Krupa Philip, BOptom, PhD, is a research scientist with the Brien Holden Vision Institute.
- Holden, B.A., et al., Myopia: a growing global problem with sight-threatening complications. Community Eye Health, 2015. 28(90): p. 35.
- Sankaridurg, P., A less myopic future: what are the prospects? Clin Exp Optom, 2015. 98(6): p. 494-6.
- Wildsoet, C.F., et al., IMI – Interventions Myopia Institute: Interventions for Controlling Myopia Onset and Progression Report. Invest Ophthalmol Vis Sci, 2019. 60(3): p. M106-M131.

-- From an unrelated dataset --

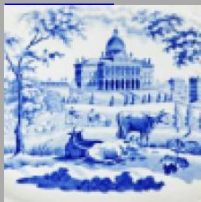

Landscapes and Waterscapes
[View All](#)

- Wolffsohn, J.S., et al., IMI – Myopia Control Reports Overview and Introduction. Invest Ophthalmol Vis Sci, 2019. 60(3): p. M1-M19.
- Shih, Y.F., et al., An intervention trial on efficacy of atropine and multi-focal glasses in controlling myopic progression. Acta Ophthalmol Scand, 2001. 79(3): p. 233-6.
- Wan, L., et al., The Synergistic Effects of Orthokeratology and Atropine in Slowing the Progression of Myopia. J Clin Med, 2018. 7(9).
- Kinoshita, N., et al., Additive effects of orthokeratology and atropine 0.01% ophthalmic solution in slowing axial elongation in children with myopia: first year results. Jpn J Ophthalmol, 2018. 62(5): p. 544-553.
- Hui, A., et al., In vitro release of two anti-muscarinic drugs from soft contact lenses. Clin Ophthalmol, 2017. 11: p. 1657-1665.
- Huang, J., et al., Bifocal & Atropine in Myopia Study: Baseline Data and Methods. Optom Vis Sci, 2019. 96(5): p. 335-344.